* **WHAT TO DO**
Give back the records below verbatim, please, but without a single image.

Records from a data source:
--- START ---

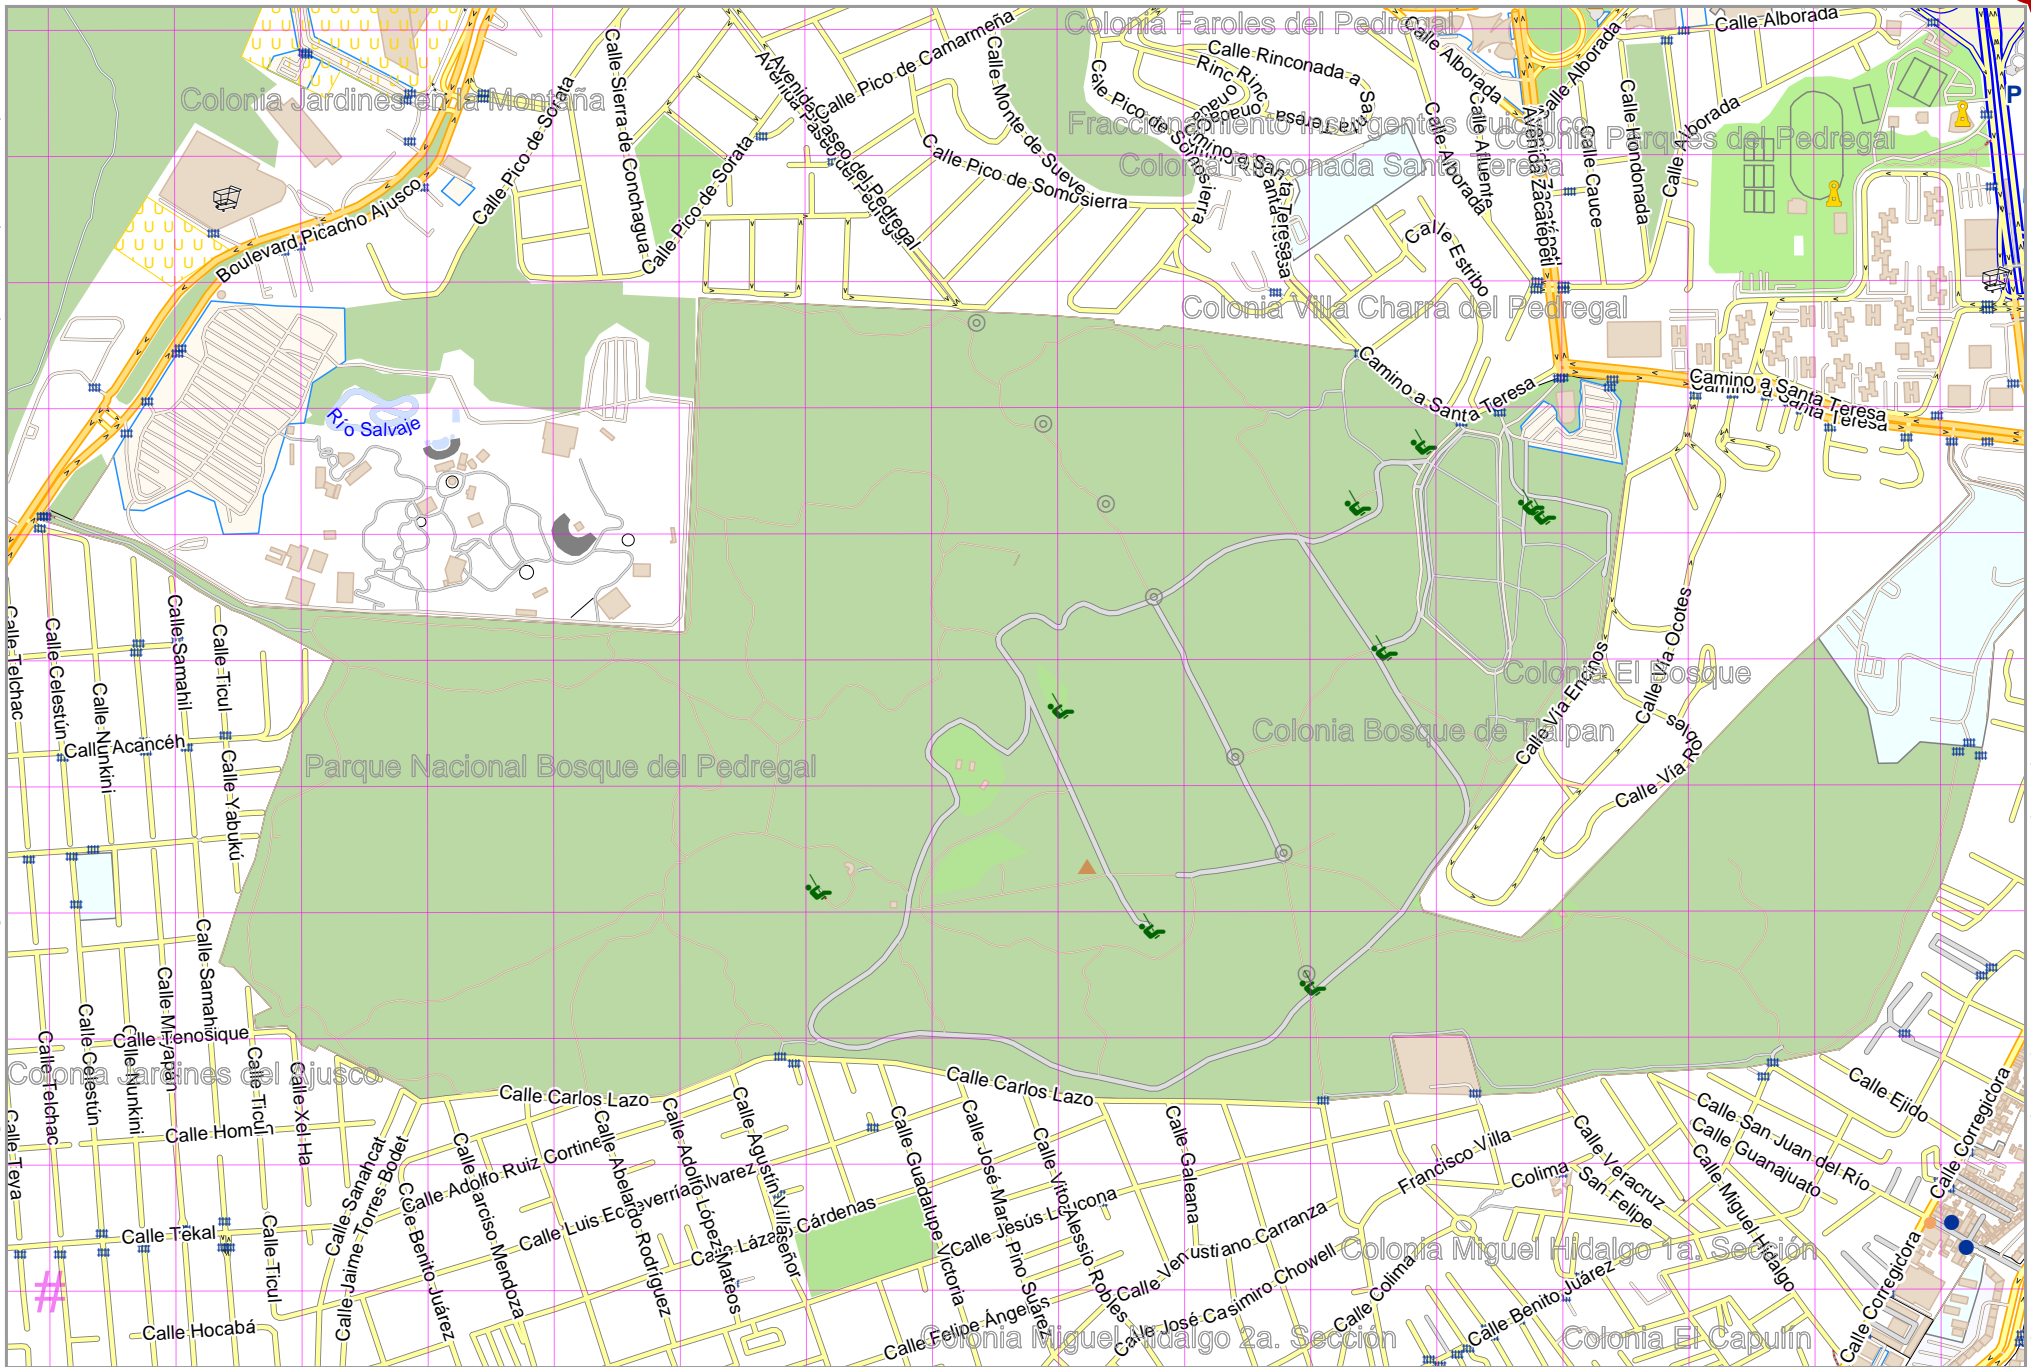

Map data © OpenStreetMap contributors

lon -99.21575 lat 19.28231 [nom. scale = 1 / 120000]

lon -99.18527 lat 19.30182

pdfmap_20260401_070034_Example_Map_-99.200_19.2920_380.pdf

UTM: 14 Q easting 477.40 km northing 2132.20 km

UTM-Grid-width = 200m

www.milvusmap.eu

--- END ---

* **TASK RESPONSE**
Map data © OpenStreetMap contributors

lon -99.21575 lat 19.28231 [nom. scale = 1 / 120000]

lon -99.18527 lat 19.30182

pdfmap_20260401_070034_Example_Map_-99.200_19.2920_380.pdf

UTM: 14 Q easting 477.40 km northing 2132.20 km

UTM-Grid-width = 200m

www.milvusmap.eu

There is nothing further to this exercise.